One change made was to have to-scheme-number return false when the value cannot be converted. This new version of project will check if the numerator and denominator were successfully converted before doing the Scheme operation of quotient on them. Polynomials cannot be converted, Constant-term-only polynomials could be handled by drop so rationals that include them are excluded from raising and dropping.

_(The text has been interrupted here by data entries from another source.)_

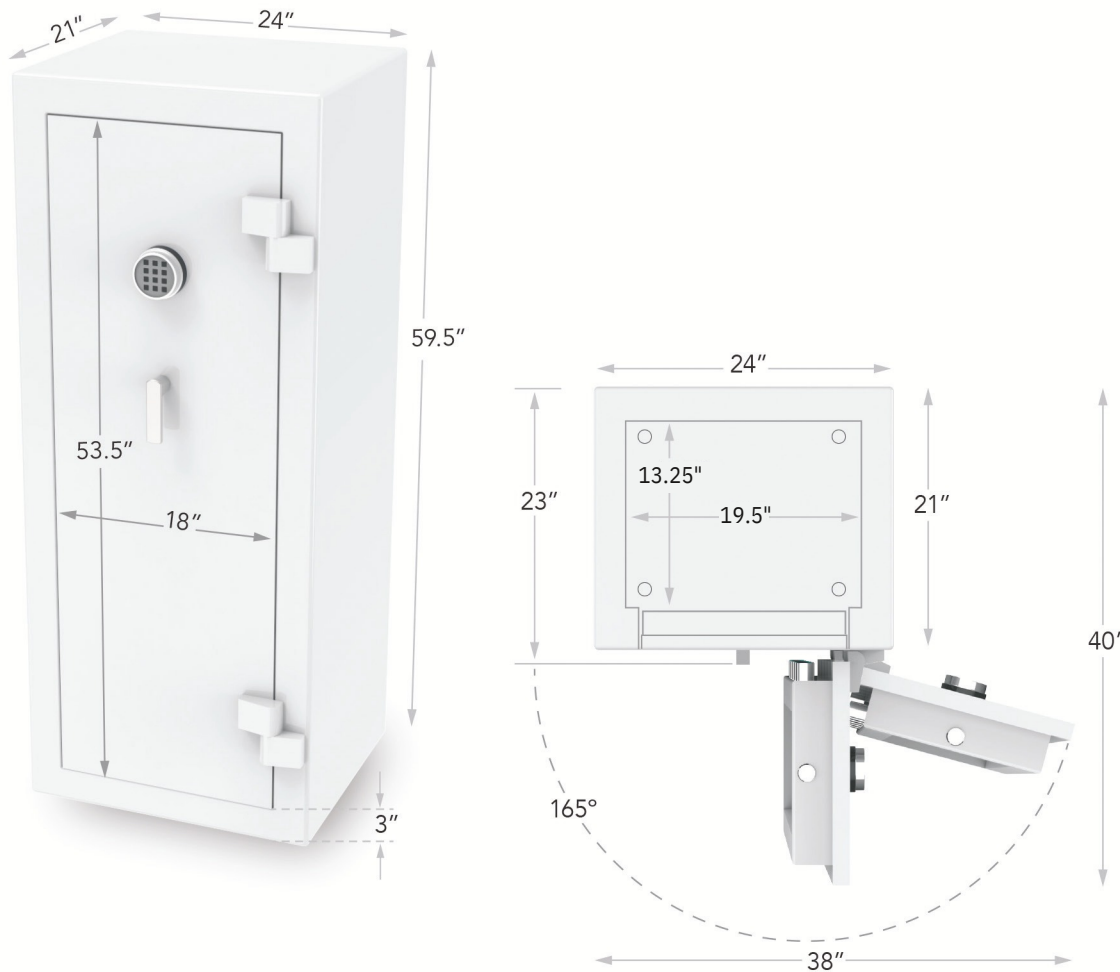

EMERALD RSCII + FIRE

LUXURY JEWELRY SAFE

Our most popular size

UL Tested Residential Burglar II & 2 Hour Fire Protection

Specifications

Exterior Dimensions: 59.5" H x 24" W x 23" D

Interior Dimensions: 53" H x 19.5" W x 13.25" D

Weight: 1,090 lbs.

Anchor holes in floor corners

Standard Drawer Configurations

4 Drawers: 3 at 1.5" and 1 at 3.5" / 38" vertical space remaining

7 Drawers: 6 at 1.5" and 1 at 3.5" / 31" vertical space remaining

11 Drawers: 8 at 1.5" and 3 at 3.5" / 18" vertical space remaining

NOTE: Add 2" to ALL exterior dimensions for more reliable installation. Safe door must open more than 90° as illustrated to fully extend drawers. The manufacturer reserves the right to incorporate any improvements, alter any specifications and update products as necessary without prior notice.

With these routines in place, polynomials (or any other value) can be used as the components of rationals, and all previous operations on rationals will still work, aside from reduction to lowest terms. However, it does mean that not all rational numbers can be used with each other, since we could be mixing polynomial rationals with other numbers. I’ll have more to say on this at the end of this section.

Ex. 2.94.

This exercise doesn’t require any difficult operations; it’s simply a matter of connecting up and calling the procedures correctly. Since there is already an internal procedure remainder, all remainder-terms needs to do is use it on the result from div-terms. The higher level gcd-poly is almost identical to the arithmetic operations: it verifies that the two polynomials are in the same variable, and then calls a term-list operation on them (gcd-terms here). Finally, the system operation greatest-common-denominator is just another instance of using apply-generic. Non-polynomial values can just rely on Scheme’s gcd procedure.

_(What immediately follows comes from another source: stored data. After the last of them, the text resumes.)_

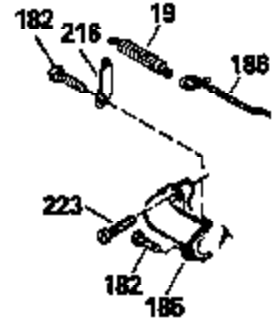

Ref #	Part Number	Qty	Description
379	631021		Inlet Needle, Seat & Clip Assy.
380	632046A		Carburetor (Incl. 184) (Refer to Division 5, Section A, page A2-10 or Fiche 8, Grid F-3for breakdown)
390B	590621		Rewind Starter (Refer to Division 5, Section C, page 34 or Fiche 8, Grid G-9 for breakdown)
400	33238C		* Gasket Set (Incl. items marked *)
420	730225		SAE 30, 4-Cycle Engine Oil (Quart)

ILLUSTRATION SHOWS TYPICAL PARTS ONLY. ORDER BY PART NUMBER. PARTS NOT LISTED ARE SUPPLIED BY OEM.

Ref #	Part Number	Qty	Description
118	730194		Rope Guide Kit (Use as required with 34476 fuel tank)
238	650806		Screw, 10-32 x 5/8"
246C	35705		Filter, Pre-Air (Optional)
260A	35491		Housing, Blower
262	650831		Screw, 1/4-20 x 15/32"
287B	650884		Screw, 8-32 x 1/2"
287A	650735		Screw, 10-24 x 3/8" (Use as required)
287A			Pop Rivet, (3/16" Dia.)(Purchase locally)
301	33032		Fuel Cap
327	35932		Plug, Starter
370	550223		Decal, Name
370A	34416		Decal, Instruction
390B	590621		Rewind Starter (Refer to Division 5, Section C, page 34 or Fiche 8, Grid G-9 for breakdown)

Ref #	Part Number	Qty	Description
19	31361		Spring, Extension
53	31745		Tang, Washer
54	31747		Washer, Flat
55A	34647		Shaft, P.T.O.
56	33401		Right Hand Worm Gear
57	33537		Ring, Retaining
58	31744		Seal, Oil
69	35261		* Gasket, Mounting flange
70A	33535B		Flange Ass'y. (Incl.58, 72, 72A, 73, 75 & 80)
87	650492		Screw, 1/4-20 x 2-1/4"
182	6201		Screw, 1/4-28 x 7/8"
185	31384A		Pipe, Intake (Incl. 224)
186	34337		Link, Governor spring
209	30200		Screw, 10-24 x 9/16"
223	650451		Screw, 1/4-20 x 1"
238	650806		Screw, 10-32 x 5/8"
246B	35435		Filter, Pre-Air (Use as required)

What’s notable is that in order to add these simple routines to the polynomials, a lot of ‘internal’ procedures need to exist in the package. It turns out that div-terms depends on both mul-terms and add-terms, and those in turn depend on low-level accessor routines like order and coeff. Even though none of these change, they need to be copied into the package, since they are not stored anywhere in between package updates. This is not a particular weakness of the design in itself — what would normally happen outside of this context would be that the install package would be kept in a single location or file, and updated for each new change without having to be copied.

I also took the time to redo subtraction at this point. Previously I had no term-list subtraction procedure, and it was handled only on the polynomial level using addition and negation. Since gcd-terms will repeatedly call div-terms, which will then require subtraction, I added the sub-terms procedure. It does the same process of addition and negation, but on a term-list level. This avoids the unnecessary step of creating intermediate polynomials just to subtract term lists.

Ex. 2.95.

When we do this operation, we get the following result:

(polynomial
 sparse
 x
 (2 (rational (integer . 18954) integer . 2197))
 (1 (rational (integer . -37908) integer . 2197))
 (0 (rational (integer . 1458) integer . 169)))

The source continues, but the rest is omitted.